=== Input data ===
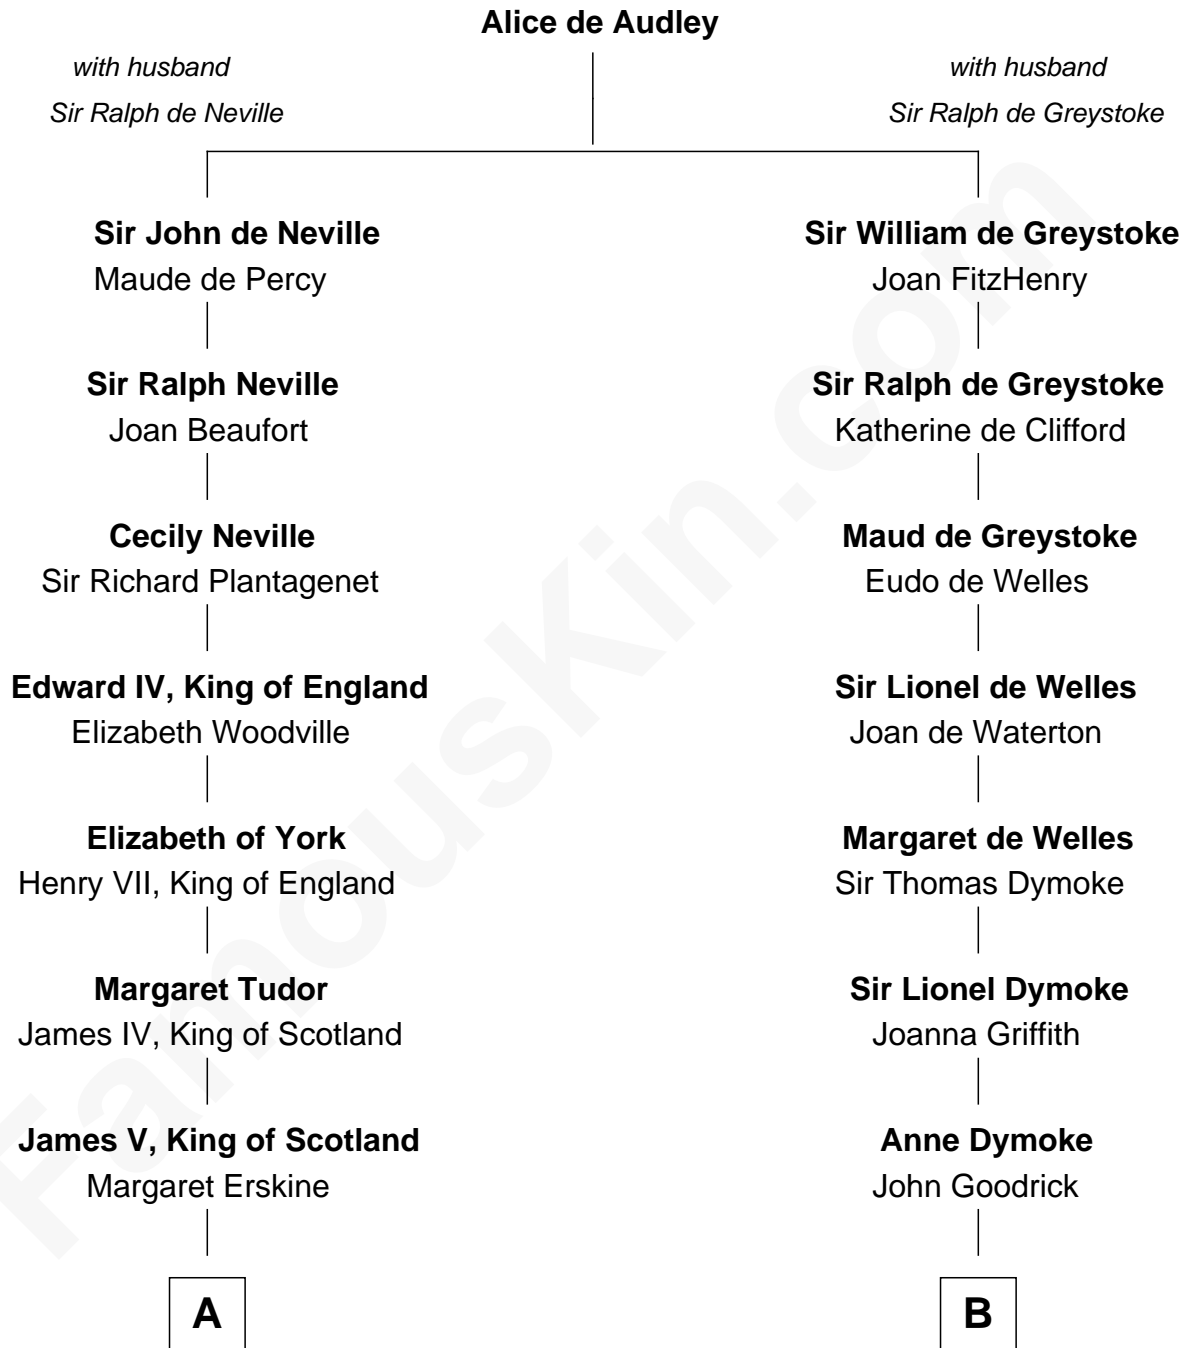

FamousKin.com

Relationship Chart of

Alan Turing

WWII Codebreaker of Nazi Enigma Machine

19th cousin 2 times removed of

Dave Cowens

NBA Hall of Famer

C
===
▸ **Task goal**: Without the pictures, reproduce the entries exactly.

▸ **Reply**:
FamousKin.com

Relationship Chart of

Alan Turing

WWII Codebreaker of Nazi Enigma Machine

19th cousin 2 times removed of

Dave Cowens

NBA Hall of Famer

C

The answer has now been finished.